• [Stored data]:
+===+

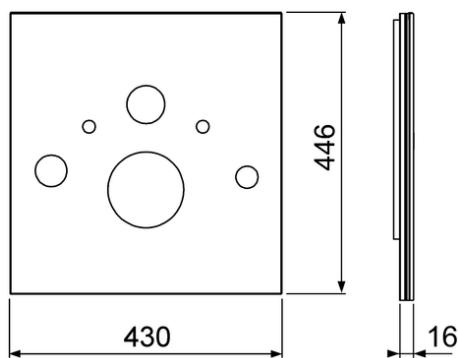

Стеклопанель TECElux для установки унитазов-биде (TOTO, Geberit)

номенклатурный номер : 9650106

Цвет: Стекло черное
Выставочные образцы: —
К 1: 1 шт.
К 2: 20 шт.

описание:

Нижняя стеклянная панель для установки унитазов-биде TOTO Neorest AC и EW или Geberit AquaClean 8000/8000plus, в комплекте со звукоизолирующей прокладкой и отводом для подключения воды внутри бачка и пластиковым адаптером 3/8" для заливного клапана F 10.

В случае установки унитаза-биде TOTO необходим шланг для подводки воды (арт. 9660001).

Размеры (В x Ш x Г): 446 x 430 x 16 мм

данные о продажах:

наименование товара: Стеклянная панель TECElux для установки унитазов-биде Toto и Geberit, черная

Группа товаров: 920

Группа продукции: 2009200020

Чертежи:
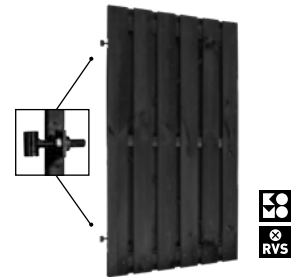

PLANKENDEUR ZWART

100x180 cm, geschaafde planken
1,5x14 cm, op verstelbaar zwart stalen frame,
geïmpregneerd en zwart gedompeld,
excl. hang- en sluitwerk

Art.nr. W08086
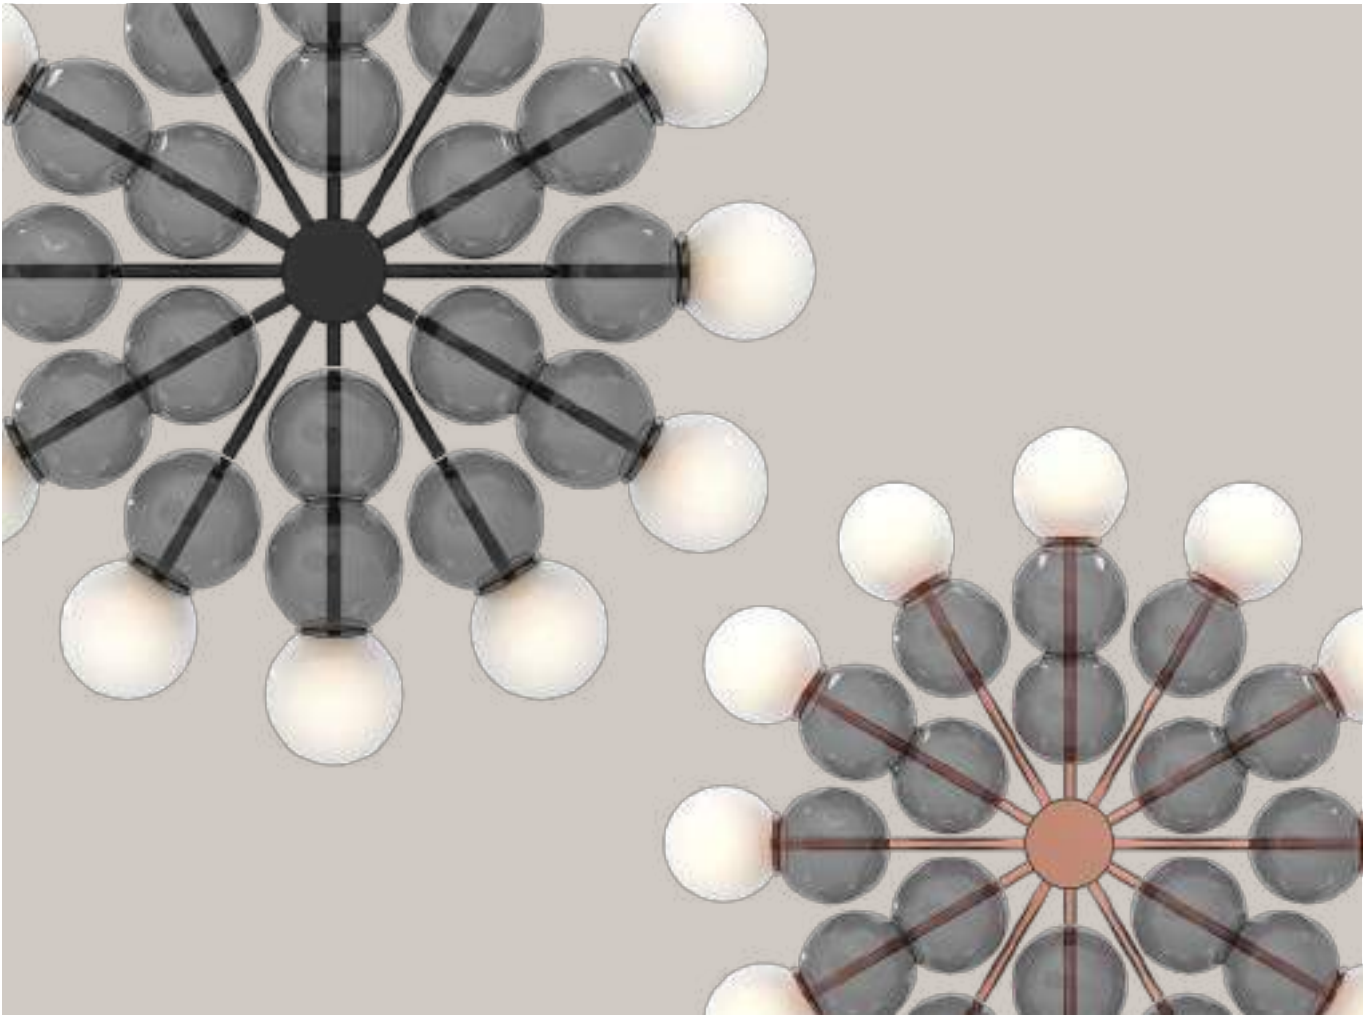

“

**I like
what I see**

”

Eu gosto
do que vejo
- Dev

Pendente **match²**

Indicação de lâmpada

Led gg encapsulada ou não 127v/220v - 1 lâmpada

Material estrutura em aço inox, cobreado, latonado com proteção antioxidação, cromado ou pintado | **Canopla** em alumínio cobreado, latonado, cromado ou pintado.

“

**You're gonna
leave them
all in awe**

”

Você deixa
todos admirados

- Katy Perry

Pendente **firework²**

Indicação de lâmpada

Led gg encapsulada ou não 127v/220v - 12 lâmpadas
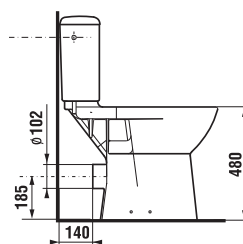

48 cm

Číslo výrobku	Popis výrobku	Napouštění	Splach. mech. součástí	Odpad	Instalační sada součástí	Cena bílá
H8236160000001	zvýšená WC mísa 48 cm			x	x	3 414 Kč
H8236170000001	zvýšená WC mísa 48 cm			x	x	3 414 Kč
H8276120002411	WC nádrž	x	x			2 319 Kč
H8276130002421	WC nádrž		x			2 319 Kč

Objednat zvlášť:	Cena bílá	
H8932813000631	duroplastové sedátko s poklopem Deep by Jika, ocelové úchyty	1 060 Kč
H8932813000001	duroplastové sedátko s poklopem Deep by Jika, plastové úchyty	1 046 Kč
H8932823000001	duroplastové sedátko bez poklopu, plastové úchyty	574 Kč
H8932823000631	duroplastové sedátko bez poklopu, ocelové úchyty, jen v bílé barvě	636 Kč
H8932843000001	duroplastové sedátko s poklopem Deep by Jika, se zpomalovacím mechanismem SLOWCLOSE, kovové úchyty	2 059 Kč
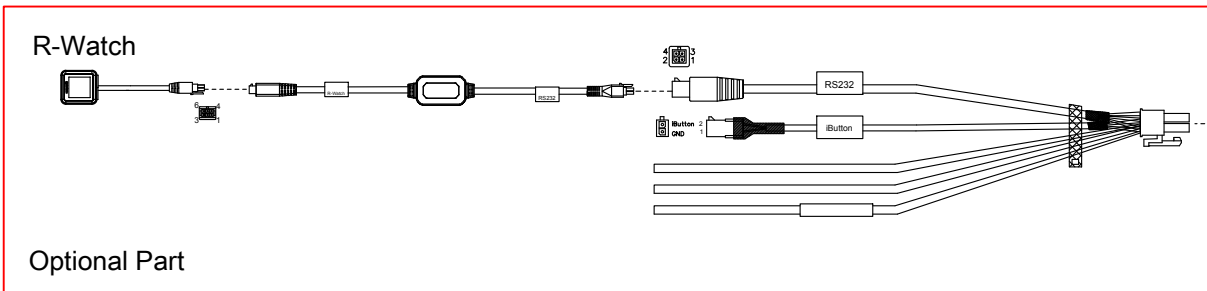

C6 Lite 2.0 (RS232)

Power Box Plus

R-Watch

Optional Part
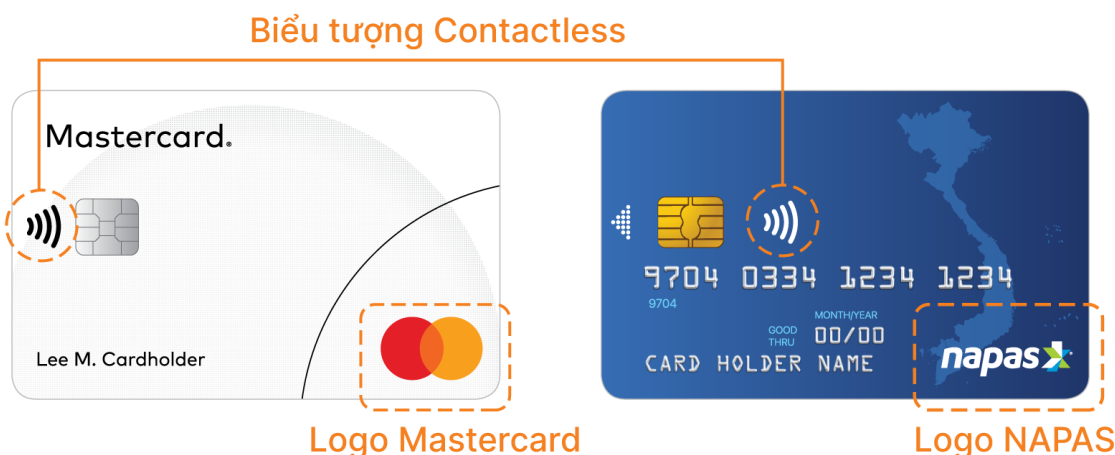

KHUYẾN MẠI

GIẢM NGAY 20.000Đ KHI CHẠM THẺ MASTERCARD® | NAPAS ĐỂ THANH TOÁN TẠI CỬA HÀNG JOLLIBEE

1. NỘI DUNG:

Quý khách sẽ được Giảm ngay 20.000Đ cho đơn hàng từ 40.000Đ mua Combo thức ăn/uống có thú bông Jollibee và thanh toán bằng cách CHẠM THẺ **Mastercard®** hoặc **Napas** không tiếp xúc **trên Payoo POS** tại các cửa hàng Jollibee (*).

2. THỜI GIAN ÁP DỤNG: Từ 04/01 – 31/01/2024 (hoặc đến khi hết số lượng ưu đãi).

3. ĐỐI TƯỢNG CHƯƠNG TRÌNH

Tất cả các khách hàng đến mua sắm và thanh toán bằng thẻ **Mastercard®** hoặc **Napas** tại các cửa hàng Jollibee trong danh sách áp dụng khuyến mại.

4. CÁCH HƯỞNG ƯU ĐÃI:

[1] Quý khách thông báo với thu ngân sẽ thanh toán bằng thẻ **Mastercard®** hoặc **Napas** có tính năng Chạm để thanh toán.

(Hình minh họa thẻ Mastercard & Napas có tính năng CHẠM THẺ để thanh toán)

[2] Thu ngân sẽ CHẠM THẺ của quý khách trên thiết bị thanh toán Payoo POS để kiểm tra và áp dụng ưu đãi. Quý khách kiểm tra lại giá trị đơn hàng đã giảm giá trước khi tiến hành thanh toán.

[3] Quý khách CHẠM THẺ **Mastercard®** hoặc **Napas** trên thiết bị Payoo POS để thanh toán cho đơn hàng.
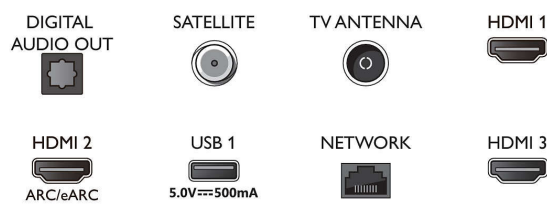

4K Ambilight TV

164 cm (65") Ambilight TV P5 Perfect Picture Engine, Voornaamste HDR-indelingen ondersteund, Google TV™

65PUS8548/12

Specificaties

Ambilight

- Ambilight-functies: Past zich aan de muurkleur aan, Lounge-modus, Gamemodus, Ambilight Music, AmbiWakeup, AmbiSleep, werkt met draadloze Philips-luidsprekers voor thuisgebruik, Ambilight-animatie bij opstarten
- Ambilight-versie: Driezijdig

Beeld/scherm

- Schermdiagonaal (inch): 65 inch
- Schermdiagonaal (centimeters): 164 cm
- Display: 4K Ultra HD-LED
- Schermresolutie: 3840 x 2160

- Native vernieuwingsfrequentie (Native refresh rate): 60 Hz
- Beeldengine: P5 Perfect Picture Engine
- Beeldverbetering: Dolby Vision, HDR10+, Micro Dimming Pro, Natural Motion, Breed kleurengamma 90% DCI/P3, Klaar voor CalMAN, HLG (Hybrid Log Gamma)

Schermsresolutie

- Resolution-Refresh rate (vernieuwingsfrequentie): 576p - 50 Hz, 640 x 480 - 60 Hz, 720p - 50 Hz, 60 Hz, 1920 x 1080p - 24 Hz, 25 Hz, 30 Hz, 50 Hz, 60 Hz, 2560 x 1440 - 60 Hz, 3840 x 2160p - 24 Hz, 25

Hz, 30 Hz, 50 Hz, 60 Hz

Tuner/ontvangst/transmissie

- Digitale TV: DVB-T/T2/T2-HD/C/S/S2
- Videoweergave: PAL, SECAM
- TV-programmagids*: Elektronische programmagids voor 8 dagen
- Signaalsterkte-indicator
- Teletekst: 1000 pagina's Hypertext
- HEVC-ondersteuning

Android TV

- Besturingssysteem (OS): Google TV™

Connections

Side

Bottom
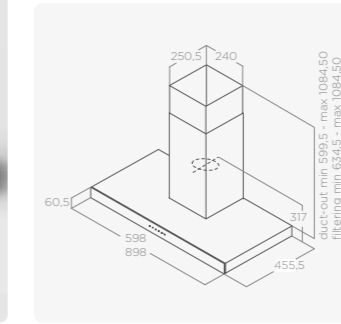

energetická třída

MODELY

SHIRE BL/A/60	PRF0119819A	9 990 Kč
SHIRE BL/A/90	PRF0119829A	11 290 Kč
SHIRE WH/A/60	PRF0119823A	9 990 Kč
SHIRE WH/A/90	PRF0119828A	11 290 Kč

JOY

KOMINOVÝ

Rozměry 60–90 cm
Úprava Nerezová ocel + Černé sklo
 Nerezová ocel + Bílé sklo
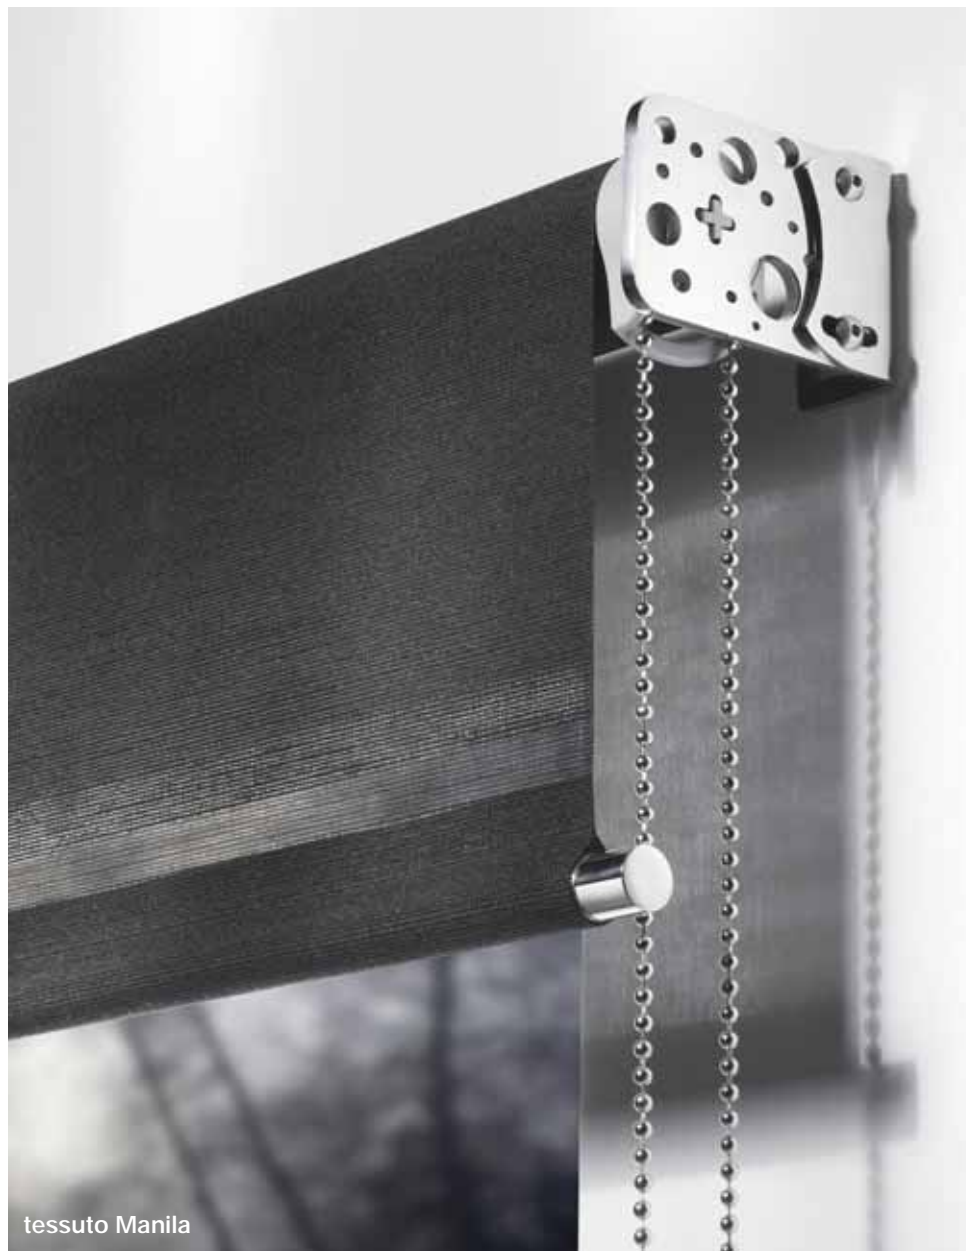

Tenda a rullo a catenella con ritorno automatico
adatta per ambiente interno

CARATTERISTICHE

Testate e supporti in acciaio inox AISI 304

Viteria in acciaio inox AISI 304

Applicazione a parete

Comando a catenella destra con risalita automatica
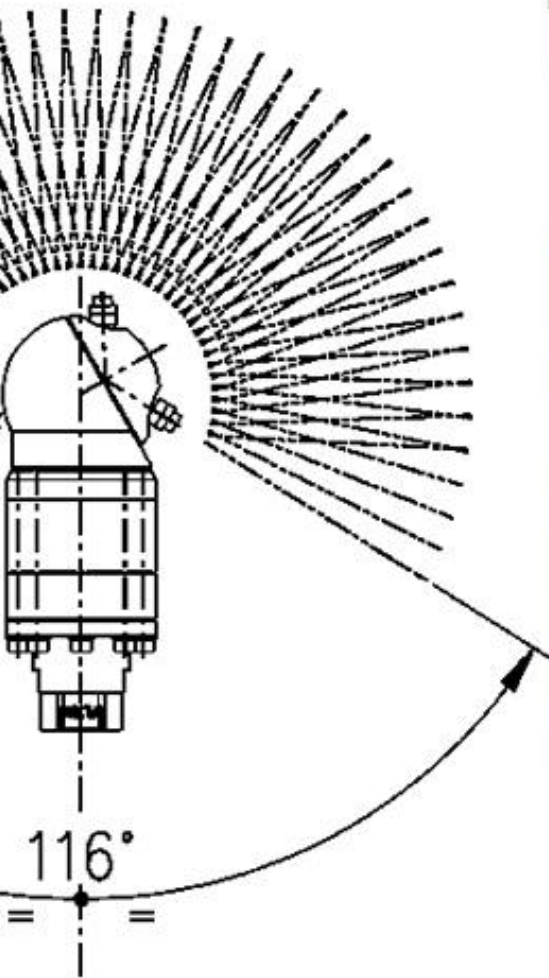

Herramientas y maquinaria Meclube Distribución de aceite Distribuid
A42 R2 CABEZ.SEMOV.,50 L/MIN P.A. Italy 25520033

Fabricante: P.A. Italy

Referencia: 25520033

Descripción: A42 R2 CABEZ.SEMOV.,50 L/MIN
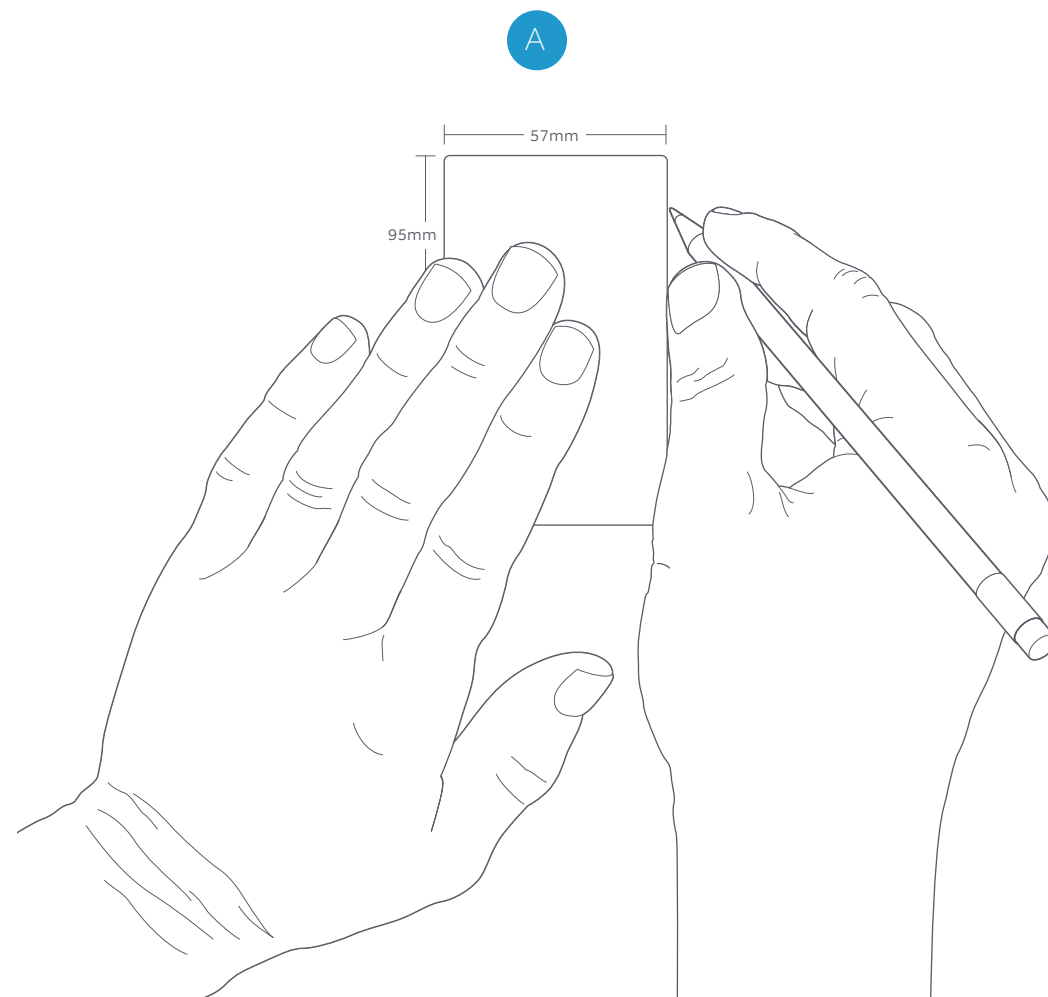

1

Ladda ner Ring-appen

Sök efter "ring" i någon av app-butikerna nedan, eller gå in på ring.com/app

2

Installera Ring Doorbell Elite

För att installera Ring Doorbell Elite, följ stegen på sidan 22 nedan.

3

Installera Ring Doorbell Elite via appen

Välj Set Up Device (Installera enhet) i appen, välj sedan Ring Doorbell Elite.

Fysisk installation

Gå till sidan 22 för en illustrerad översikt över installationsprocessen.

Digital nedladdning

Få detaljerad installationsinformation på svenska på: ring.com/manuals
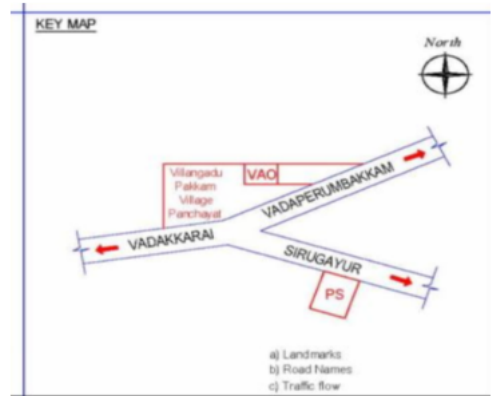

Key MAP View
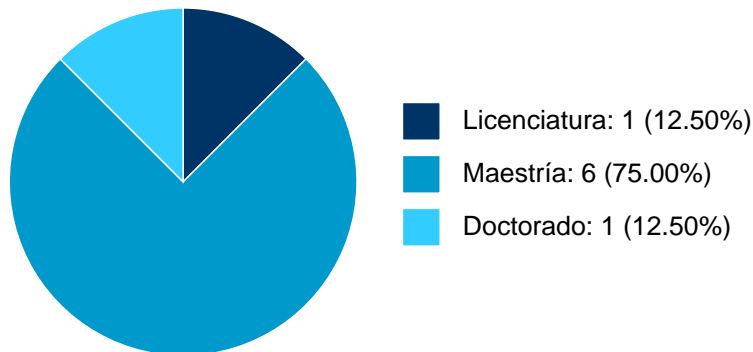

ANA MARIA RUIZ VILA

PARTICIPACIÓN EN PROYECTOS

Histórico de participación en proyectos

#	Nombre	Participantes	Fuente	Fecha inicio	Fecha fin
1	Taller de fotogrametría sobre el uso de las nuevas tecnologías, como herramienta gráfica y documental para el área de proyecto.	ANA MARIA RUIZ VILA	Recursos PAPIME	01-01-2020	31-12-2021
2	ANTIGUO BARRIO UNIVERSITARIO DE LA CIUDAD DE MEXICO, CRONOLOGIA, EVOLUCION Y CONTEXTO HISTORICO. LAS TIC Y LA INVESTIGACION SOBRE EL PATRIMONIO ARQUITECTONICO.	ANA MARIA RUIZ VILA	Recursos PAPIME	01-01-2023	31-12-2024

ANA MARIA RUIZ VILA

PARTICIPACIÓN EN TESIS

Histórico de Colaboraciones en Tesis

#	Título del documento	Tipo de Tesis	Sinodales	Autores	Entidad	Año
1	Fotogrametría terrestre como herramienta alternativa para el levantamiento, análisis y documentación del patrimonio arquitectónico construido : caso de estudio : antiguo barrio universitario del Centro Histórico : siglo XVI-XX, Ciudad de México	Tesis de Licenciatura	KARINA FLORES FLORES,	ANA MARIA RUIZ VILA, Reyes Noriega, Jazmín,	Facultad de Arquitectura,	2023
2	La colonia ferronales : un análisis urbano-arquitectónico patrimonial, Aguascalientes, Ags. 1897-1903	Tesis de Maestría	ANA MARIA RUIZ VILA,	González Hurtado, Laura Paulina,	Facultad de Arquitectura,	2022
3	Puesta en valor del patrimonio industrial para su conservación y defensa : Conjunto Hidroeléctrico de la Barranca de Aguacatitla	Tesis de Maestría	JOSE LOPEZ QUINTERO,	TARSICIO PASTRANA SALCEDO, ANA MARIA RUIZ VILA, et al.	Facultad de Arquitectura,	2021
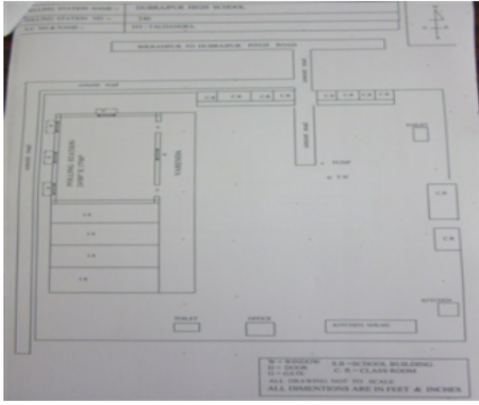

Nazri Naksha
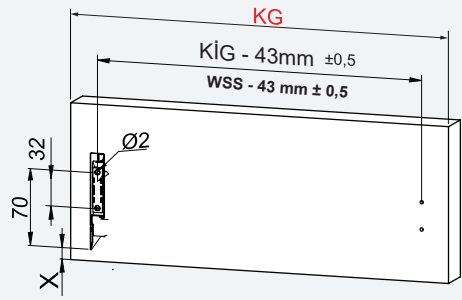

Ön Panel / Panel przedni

+===+

• [Exercise goal]: Among the lines above, return each one holding the string "Google".

• [Answer for this exercise]:
164 cm (65") Ambilight TV P5 Perfect Picture Engine, Voornaamste HDR-indelingen ondersteund, Google TV™
- Besturingssysteem (OS): Google TV™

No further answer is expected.